Mongolian Premier League
- Season: 2024–25
- Dates: 16 August 2024 – 19 July 2025
- Champions: SP Falcons (2nd title)
- Relegated: Brera Ilch
- AFC Challenge League: SP Falcons Khangarid
- Matches: 133
- Goals: 622 (4.68 per match)
- Top goalscorer: Yutaro Funami (31 goals)
- Biggest home win: Erchim 14–0 Tuv Azarganuud (18 August 2024)
- Biggest away win: Tuv Azarganuud 0–21 Deren (24 September 2024)
- Highest scoring: Tuv Azarganuud 0–21 Deren (24 September 2024)
- Longest winning run: 8 games SP Falcons
- Longest unbeaten run: 23 games SP Falcons
- Longest winless run: 12 games Tuv Azarganuud
- Longest losing run: 12 games Tuv Azarganuud

= 2024–25 Mongolian Premier League =

Mongolian Premier League season

The 2024–25 Mongolian Premier League is the 57th season of the Mongolian Premier League, the highest football league in the country. SP Falcons were the defending champions.
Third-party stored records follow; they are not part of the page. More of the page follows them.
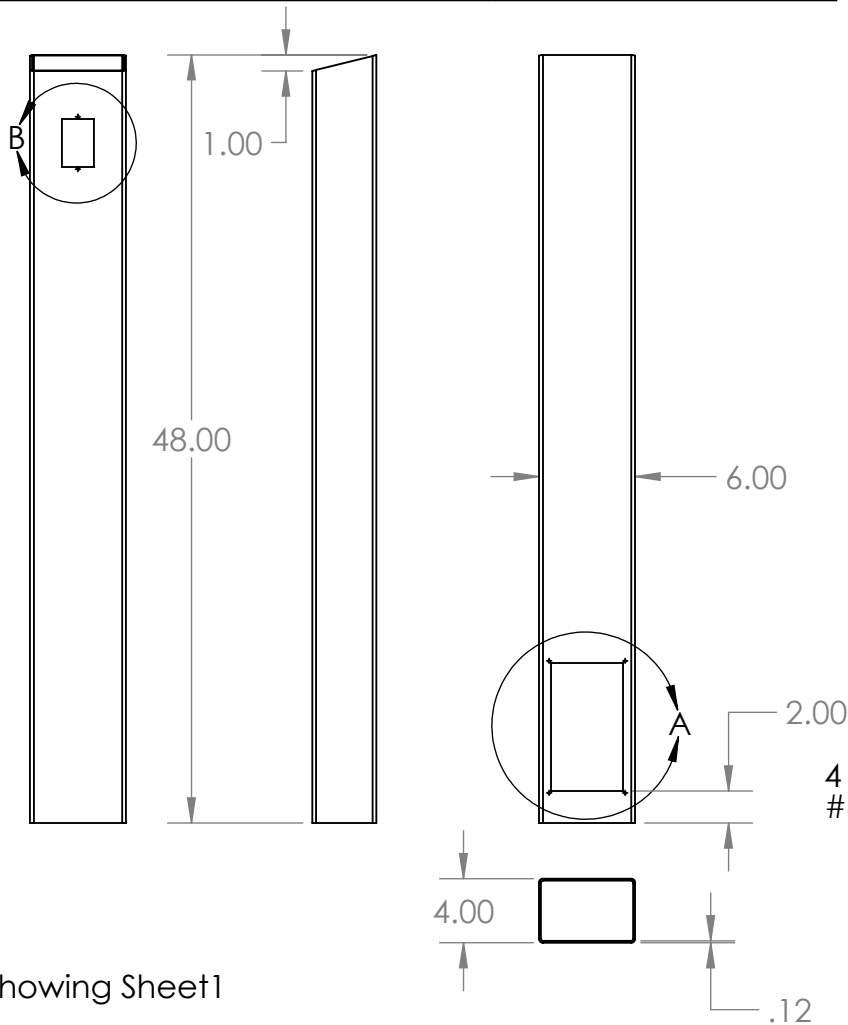

# ADA-STAINLESS-TOWER-[48-72]-TUBE

Default<As Machined>

Revision

**C**

[mm]  
in.

Model	Height (H1)
ADA-STAINLESS-TOWER-48	48"
ADA-STAINLESS-TOWER-60	60"
ADA-STAINLESS-TOWER-72	72"

Showing Sheet 1

Toll-Free: (800) 878-7829  
Fax: (330) 650-9004  
www.gooseneckstands.com

Engineering:

Material 304 Stainless Steel

Finish Brushed #4, 180 Grit Ornamental

Production:

Date Wednesday, May 27, 2015

Financial:

Scale 1:12

Sheet 1 of 1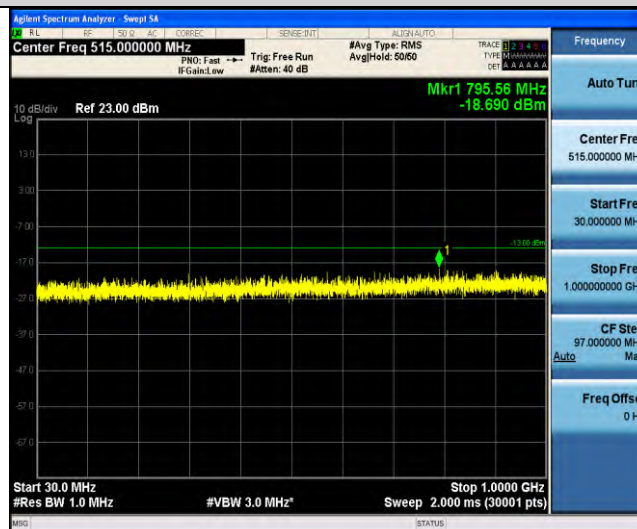

Band4-Stand-Alone-Na-N-QPSK-20175-1@0-3.75kHz-0.15-30-0.15~30MHz@-51.8dBm--33-PASS

Band4-Stand-Alone-Na-N-QPSK-20175-1@0-3.75kHz-30-1000-30~1000MHz@-18.69dBm--13-PASS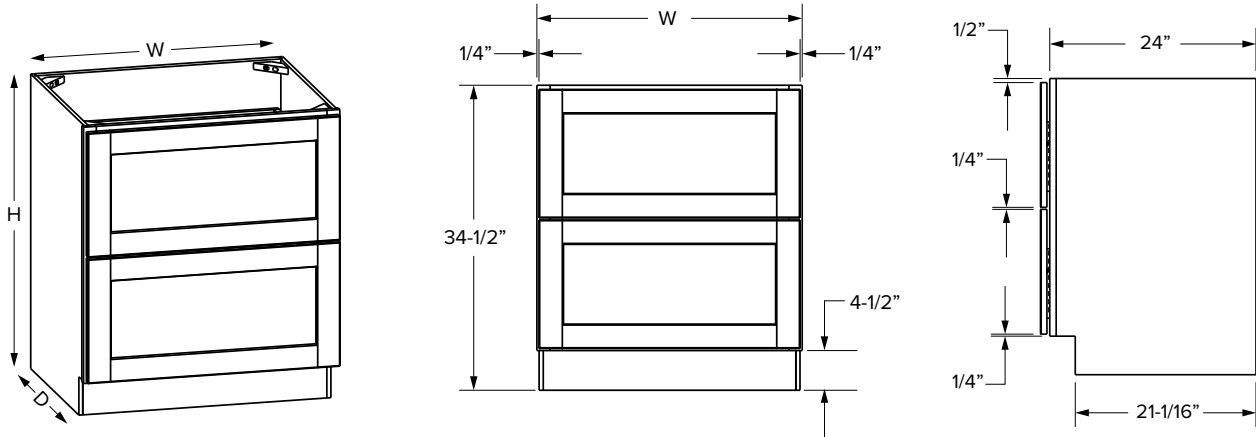

Full Overlay

SKU					Partial Overlay					Full Overlay				
	W	H	D	# of Drawers	Drawer Opening			Drawer Front Size		Drawer Opening			Drawer Front Size	
					Width	1 Height	2 Height	Width	Height	Width	1 Height	2 Height	Width	Height
DB30-2	30"	34-1/2"	24"	2	27"	12-7/16"	12-7/16"	28-1/32"	13-17/32"	27"	12-1/8"	12-3/4"	29-17/32"	14-17/32"
DB36-2	36"	34-1/2"	24"	2	33"	12-7/16"	12-7/16"	34-1/32"	13-17/32"	33"	12-1/8"	12-3/4"	35-17/32"	14-17/32"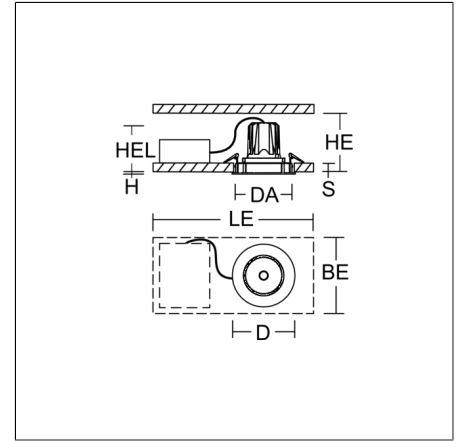

LED recessed projector in a modern design with no visible cooling ribs. Housing: die-cast aluminium, powder-coated. Rotation range: 356°; swivel range: ± 35°. Black plastic ring and recessed LED to prevent glare from the side. Optical assembly with lens made of plastic (polycarbonate) for the best homogeneous light distribution - can be changed without tools. Best colour rendering index Ra>90. Suitable for Recessed ceiling mounting. Installation without tools thanks to spring fastening system. Including separate LED converter with connecting cable 600 mm. High quality converter without flickering and stroboscopic effect. Through-wiring box (5 pole) available as accessory. The following accessories can be mounted without use of tools: interchangeable lenses, decorative glasses, honeycomb louvre, clear and frosted diffusers, white interchangeable plastic ring.

Product specifications

Diameter D	143 mm
Height H	3 mm
Cut-out diameter DA	133 mm
Luminaire: recess height HEL	120 mm
Ceiling thickness S	1-20 mm
Installation space length LE	550 mm
Installation space width BE	350 mm
Installation space height HE	170 mm
Weight	0.76 kg
Light source	LED
Colour temperature	3000 K
Rated luminous flux	2100 lm
System power	20 W
System efficiency	105 lm/W
Glare evaluation RUG (4H 8H)	15,1
Beam angle	31°
Rated life	50000 h (L90/B10)
Colour rendering index (CRI)	92
Colour tolerance (McAdam)	2 SDCM
Photobiological safety according to EN 62471	Risk group 1
Driver	Converter, dimmable
Control	DALI
Voltage	220 - 240 V / 50 Hz, 60 Hz
Luminaires on B10A fuse	21
Luminaires on B16A fuse	34
Luminaires on C10A fuse	35
Luminaires on C16A fuse	57
Inrush current / Inrush current duration	18 A / 250 µs
CIE Flux Code / CEN Flux Code	96 100 100 100 100
Type of protection	IP 20
Protection class	II
Filament test	650 °C
Impact resistance	IK06
Ambient temperature	-20 °C bis + 25 °C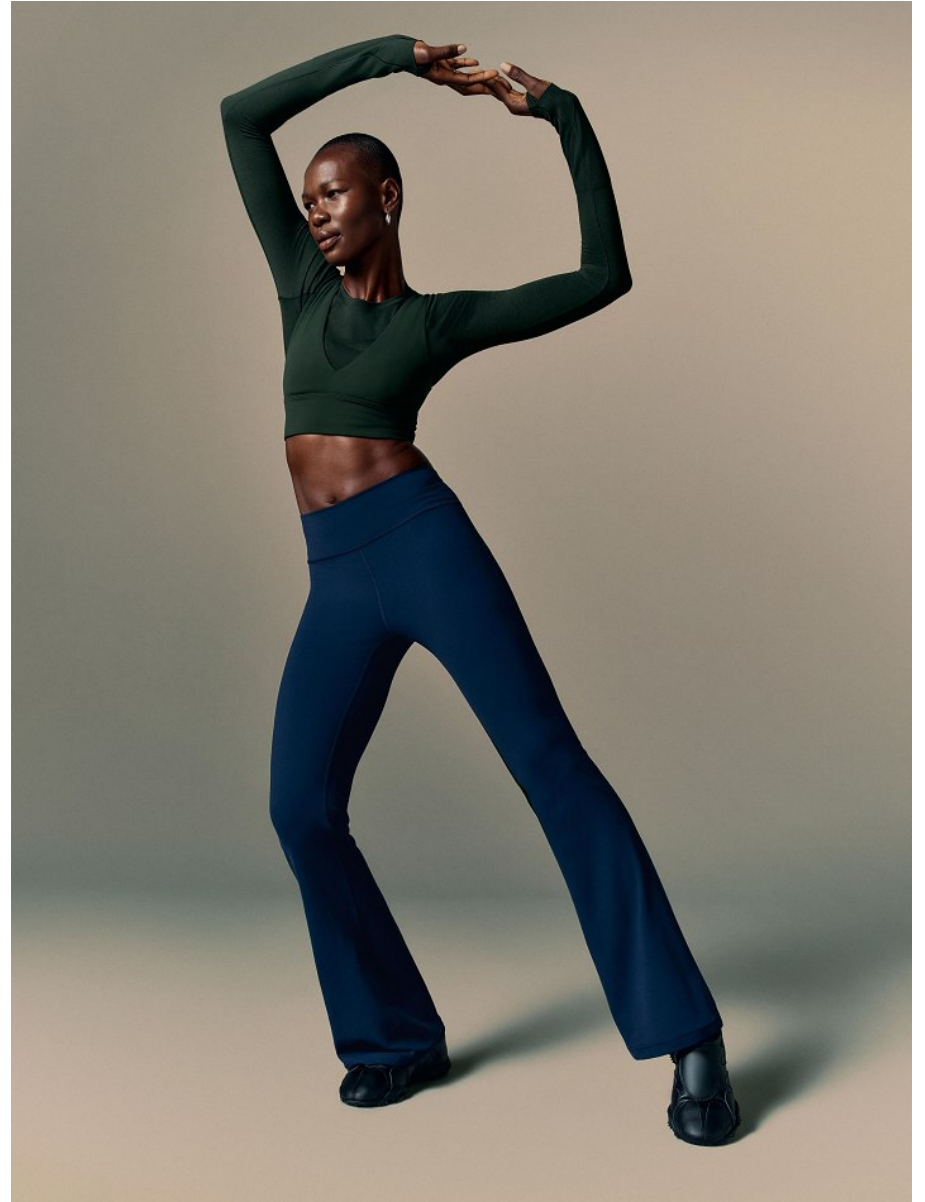

BOSS MODELS

CAPE TOWN

NOELLE GRAOBE

Height: 179cm Bust: 80cm Waist: 67cm Hips: 96cm Shoe: 6.5 UK Hair: Black Eyes: Brown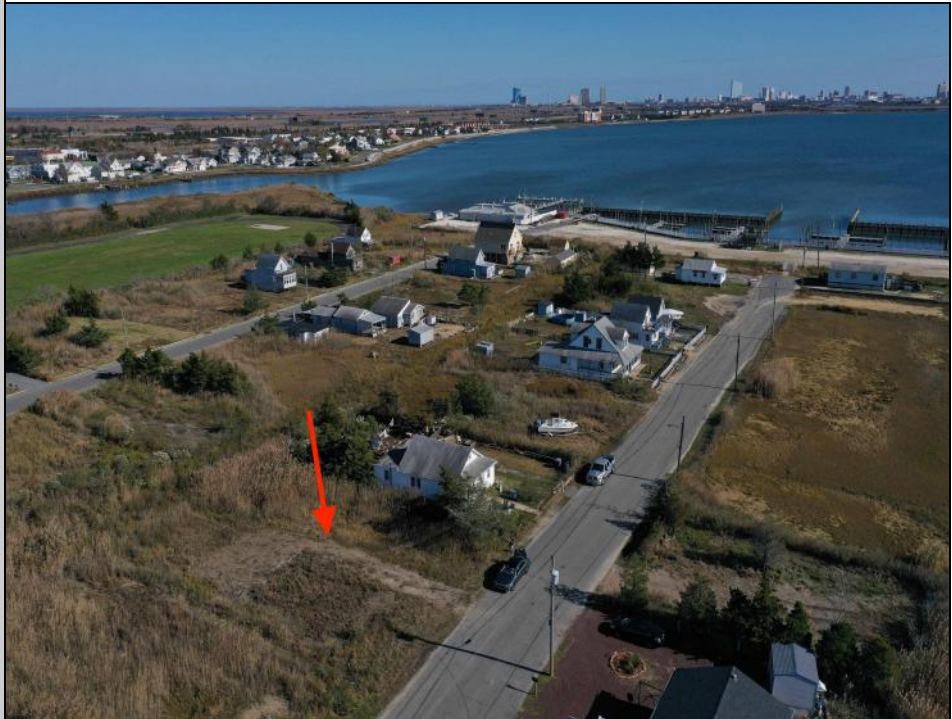

Berger Realty

Since 1928

Ocean 17
1670 Boardwalk
Ocean City, NJ 08226
609-391-0500

oc17@BergerRealty.com

310 Edgewater
Pleasantville, NJ 08232

Asking \$27,775.00

COMMENTS

Come check out Pleasantville's newest land opportunity by the water! Lot is 36' X 110'. This land is located right by the yacht club and offers plenty of opportunity! Also located to any local amenities such as casinos, hospitals, churches and much more!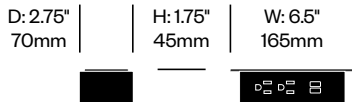

UNDERMOUNT POWER MODULE WITH TWO SIMPLEX OUTLETS AND ONE DUAL USB PORT

Corded, Six Foot Cord	Number	List Price
Black	HCCL-LYPC-21B	471.58
White	HCCL-LYPC-21W	471.58

Corded, Twelve Foot Cord	Number	List Price
Black	HCCL-LYPC-22B	506.49
White	HCCL-LYPC-22W	506.49

Hardwired, Six Foot Cord	Number	List Price
Black	HCCL-LYPH-21B	558.92
White	HCCL-LYPH-21W	558.92

Hardwired, Twelve Foot Cord	Number	List Price
Black	HCCL-LYPH-22B	593.83
White	HCCL-LYPH-22W	593.83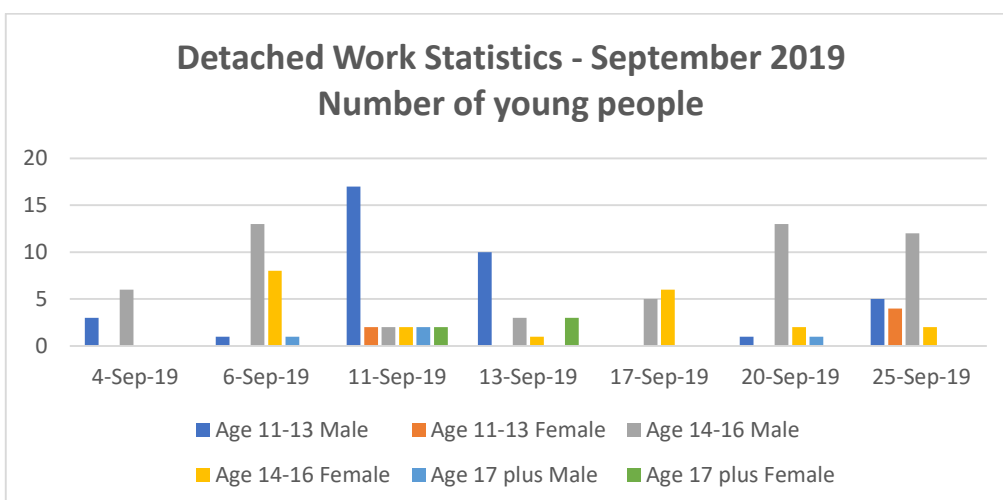

SHREWSBURY TOWN COUNCIL

**Detached Youth Work Statistics and Report
Autumn 2019**

LOCATIONS VISITED

Upton Lane, Monkmoor Rec, The Lantern, Bus station, Quarry, KFC (Town), Pride Hill, The Column, Ditherington, Meole

ISSUES RAISED

Drugs, pride, youthie, parents, school, death, education, safety, harm red, knives, moving, smoking, sadness, self-harm, Insta, violence, past, society, loss, accents.

== Changes before the season ==
Bavarians was relegated from 2023–24 Mongolian Premier League whereby Hunters Mongolia FC who won the 2023–24 Mongolian First League was promoted. The league also changes their restrictions of foreign imports player from five to six.

== Teams ==
All matches were played at the MFF Football Centre in Ulaanbaatar, which has 5,000 capacity.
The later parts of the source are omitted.